Manufacturing AUTOMATION

Alberta chooses two petrochemical plants for $500M in royalty credits

December 5, 2016
By Dan Healing The Canadian Press

Dec. 5, 2016 – The Alberta government has selected two petrochemical projects to be eligible for $500 million in royalty credits in its efforts to diversify its struggling, oil-dependent economy.

Pembina Pipeline and Inter Pipeline both said Monday they were pleased to be chosen for the economic diversification program, which was unveiled by the government in February.

Construction of the facilities, planned for an industrial area north of Edmonton, will depend on final investment decisions and securing regulatory and environmental approvals, the Calgary-based companies said.

The projects would convert propane into material used mainly in the manufacturing of plastic products such as automobile parts, containers and Canadian banknotes, Energy Minister Marg McCuaig-Boyd.

The government said it hasn’t decided whether it will continue offering the diversification program credits, which have been fully allocated, but it said it will try to build on interest it has generated.
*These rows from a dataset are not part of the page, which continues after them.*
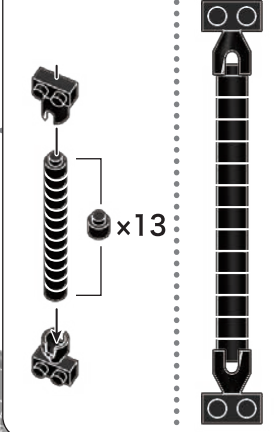

- ×1
- ×1
- ×2

54

- ×1
- ×1
クリア
Clear
- ×1
クリアイエロー
Clear Yellow

クリア
Clear

55

- Black (ブラック) parts list:
 - 1x4 Technic Beam (Black)
 - 1x2 Technic Beam (Black)
 - 1x4 Technic Pin (Black)
 - 1x4 Technic Pin (Black)
 - 1x1 Technic Pin (Black)
 - 1x4 Technic Pin (Black)
 - 1x6 Technic Pin (Black)
 - 1x2 Technic Pin (Black)

x2

56

- Parts list for step 56:
 - 1x32 Technic Pin (Black)
 - 1x4 Technic Pin (Black)

x20

取り付ける前にこの長さに合わせてください。
Adjust to the same length before attaching.

x13

57 反対から見た図
Opposite side

- Parts list for step 57:
 - 1x3 Technic Pin (Black)
 - 1x32 Technic Pin (Black)
 - 1x6 Technic Pin (Black)
 - 1x1 Technic Pin (Black)

x12

58

- Parts list for step 58:
 - 1x1 Technic Beam (Dark Gray)
 - 1x1 Technic Beam (Dark Gray)
 - 1x2 Technic Beam (Dark Gray)
 - 1x2 Technic Beam (Dark Gray)
 - 1x1 Technic Beam (Dark Gray)
 - 1x3 Technic Beam (Dark Gray)
 - 1x2 Technic Pin (Dark Gray)
 - 1x1 Technic Pin (Dark Gray)
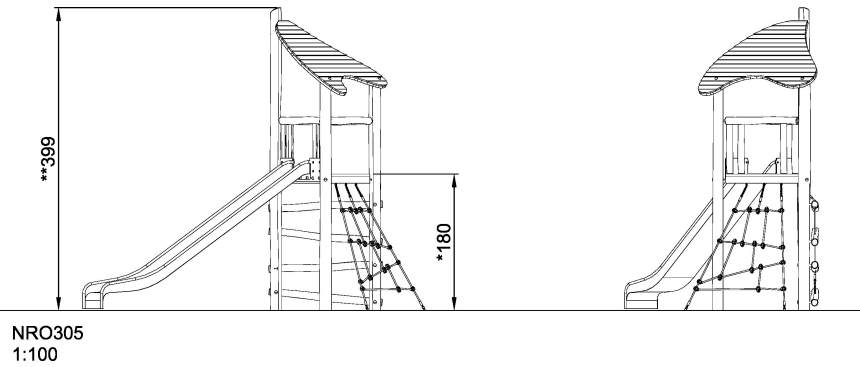

NRO305

Tower slide h=200 cm

KOMPAN[®]
Let's play

Product is available as FSC® Certified (FSC® C004450) robinia wood on request.

Product Line	Organic Robinia
Category	Traditional play, Sand and water play
Age group	4 - 12
Max. fall height (CM)	180
Total height (CM)	399
Safety Zone	29.7 m2

**IN-
GROU.**

* = Highest designated play surface.
** = Total height of product.

Weight/heaviest parts	kg.	Installation (Manpower)	Persons
Concrete required	NaN m3	Installation (Hours)	Hours
Foundation amount/footing	NaN	Excavation	NaN m3
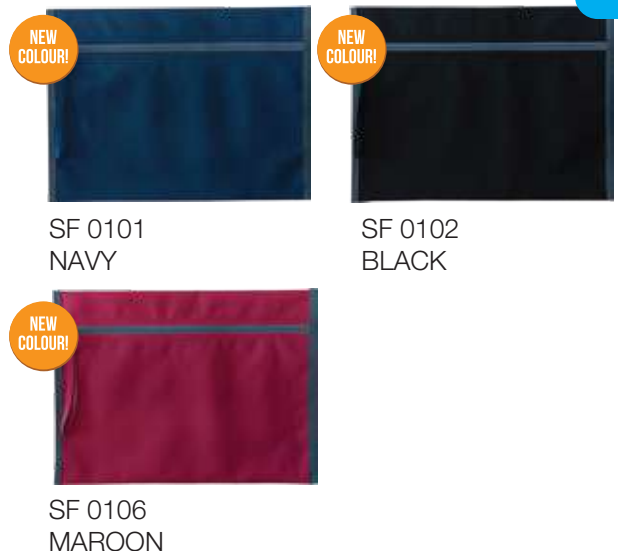

Printing Methods  SG

SEMINAR FOLDER SF

SF
01

Material : Nylon 600D
Dimension: 38cm(L) × 27cm(H)

Printing Methods  SG

NW NON-WOVEN BAG

19

Material : Non-Woven (A4 & Ultrasonic)
 Dimension : 11"(H) × 14"(L) × 3.5"(D)
 Printing Area Size: 12"(W) × 8"(H)
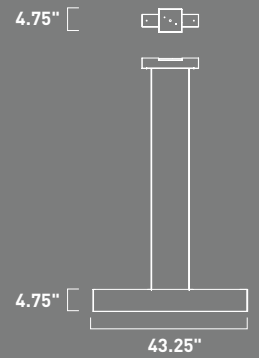

BLADE

- Low-profile .5" aluminum "blade" with integrated LED board recessed into bottom
- Dark Bronze finish
- 3000K Color Temperature
- CRI 80+
- Dimmable with Triac dimmers

B

E22904-BZ
Pendant

C

• Close up view

	ITEM #	FINISH	LAMPING	DIMENSION	CRI	LUMENS	Additional Information
B	E22902	BZ	26W LED 3000K (Integrated)	32.5"L x 4.75"W x 4.75"H x 125"OAH	80+	1820	
C	E22904	BZ	35W LED 3000K (Integrated)	43.25"L x 4.75"W x 4.75"H x 125"OAH	80+	2450	

Finish: Bronze (BZ)
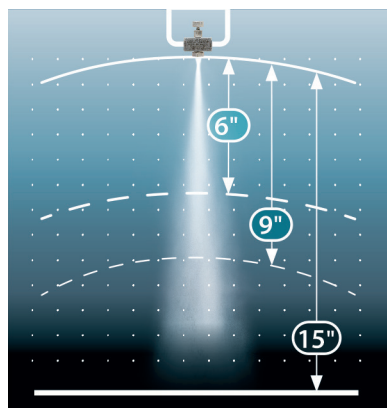

Air Atomizing Spray Nozzles

Siphon Fed Round Pattern - 1/8 NPT

Model: SR8010SS
Material: Type 303 Stainless Steel

Model: SR8020SS
Material: Type 303 Stainless Steel

Model: SR8030SS
Material: Type 303 Stainless Steel

Model: SR8040SS
Material: Type 303 Stainless Steel

Model: SR8050SS
Material: Type 303 Stainless Steel

Model SR8010SS, SR8020SS, SR8030SS, SR8040SS and SR8050SS

1/8 NPT siphon fed round pattern nozzles are great where no liquid pressure is available and a thin coating is needed at a specific area. Flow rate is adjustable via the adjusting valve. Siphon nozzles work best with a suction height of 36" (914mm) or less. Since these nozzles are siphon fed, the compressed airflow draws the liquid in and mixes it internally. Liquid flow is dependent both on the gravity or suction height and the airflow. Siphon fed round pattern nozzles provide the most liquid flow of any siphon fed nozzle.

Siphon or gravity fed for non-pressurized applications.

The amount of liquid applied by the Siphon Fed atomizing nozzles varies depending on valve or inlet pressures.

Dimensions and Airflow Pattern

DOWNLOAD drawings at EXAIR.com
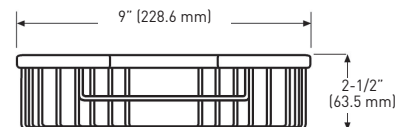

### FEATURES

- › EXPOSED SURFACE MOUNT
- › SOLID BRASS AND STAINLESS STEEL CONSTRUCTIONS
- › MOUNTING HARDWARE INCLUDED

A. 05-1086S

B. 05-1086M  
D. 01-1486MSS

C. 05-1086L

MEASUREMENTS ARE FOR REFERENCE ONLY. TAYMOR RESERVES THE RIGHT TO CHANGE THE PRODUCT SPECS WITHOUT NOTICE. FOR PRODUCT WARRANTY, PLEASE VISIT TAYMOR WEBSITE FOR DETAILS.

SHOWER BASKETS - SOLID BRASS   RETAIL PACK	SATIN NICKEL 15	POLISHED CHROME 26	STAINLESS STEEL 32	CASE QTY.
A. SMALL CORNER BASKET - 8-1/4" W x 5" D x 1-5/8" H	05-SN1086S	—	05-1086S	6
B. MEDIUM CORNER BASKET - 9" W x 5-1/2" D x 2-1/2" H	05-SN1086M	—	05-1086M	6
C. LARGE CORNER BASKET - 13-5/8" W x 8" D x 3-1/2" H	05-SN1086L	—	05-1086L	6
SHOWER BASKETS - STAINLESS STEEL   BUILDER PACK	—	—	01-1486MSS	6
D. MEDIUM CORNER BASKET - 9" W x 5-1/2" D x 2-1/2" H	—	—	01-1486MSS	6
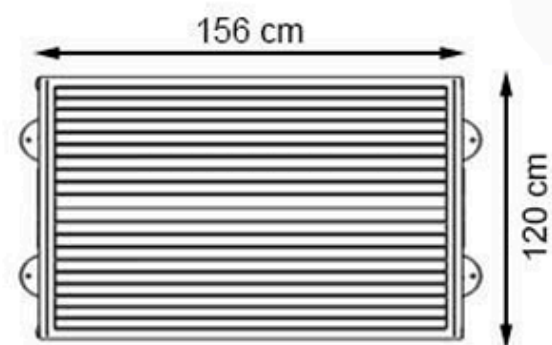

CODE: PWB-269

LEGS: IRON PIPE PROFILE

RECYCLABILITY : %100 ECOLOGICAL

PAINT: STATIC POLYESTER OVEN

AREA OF USE : OUTDOOR

WOOD: THERMOWOOD YELLOW PINE

PROTECTION: MAINTENANCE-FREE

In June, it said 16 applications had been made for the credits representing more than $20 billion in potential investments.
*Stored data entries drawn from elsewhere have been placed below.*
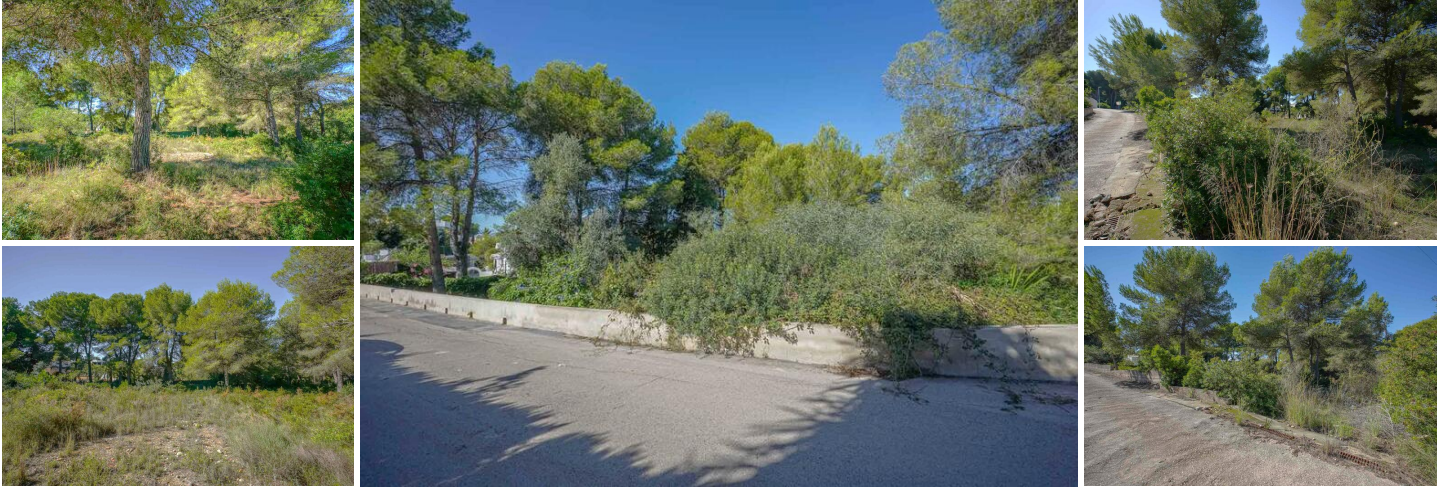

Land til salgs i Javea, Alicante

420.000€

This plot is located on the corner of a very quiet street in Portichol. Cala Blanca beach can be reached on foot in 15 minutes and Javea International School is only 800m away. The plot has an area of 2700 m² and up to 600 m² may be built.

 0 soverom
 newly built

 0 bad

 2.700m² Tomtestørrelse

Pembina can receive up to $300 million in royalty credits for its proposed integrated propylene and polypropylene facility, expected to create 150 permanent jobs.

In April, the company announced a joint feasibility study on the project with partner Petrochemical Industries Company, a subsidiary of Kuwait Petroleum. The facility, estimated to cost between $3.8 billion and $4.2 billion, could convert 35,000 barrels per day of propane into 800,000 tonnes per year of polypropylene, Pembina said.

Inter Pipeline may receive up to $200 million in credits for its proposed $1.85-billion propylene facility, a project it inherited when it bought Williams Canada in September. It is expected to create about 95 permanent jobs.

CEO Christian Bayle said in a statement the provincial incentives are “meaningful” and added that Inter Pipeline is considering spending an additional $1.3 billion to add a polypropylene facility, with decisions on both plants to be made by the middle of next year.

The royalty credits, to be paid out after the facilities are operating, can’t be used directly by the petrochemical facilities but they can be sold to oil or natural gas producers to reduce their royalty payments.

In a note to investors, RBC Dominion Securities analyst Robert Kwan said the credits will enhance the economic case for the projects and make it more likely one or both will go forward.

Pembina and Inter Pipeline said both facilities could potentially be operational in 2021.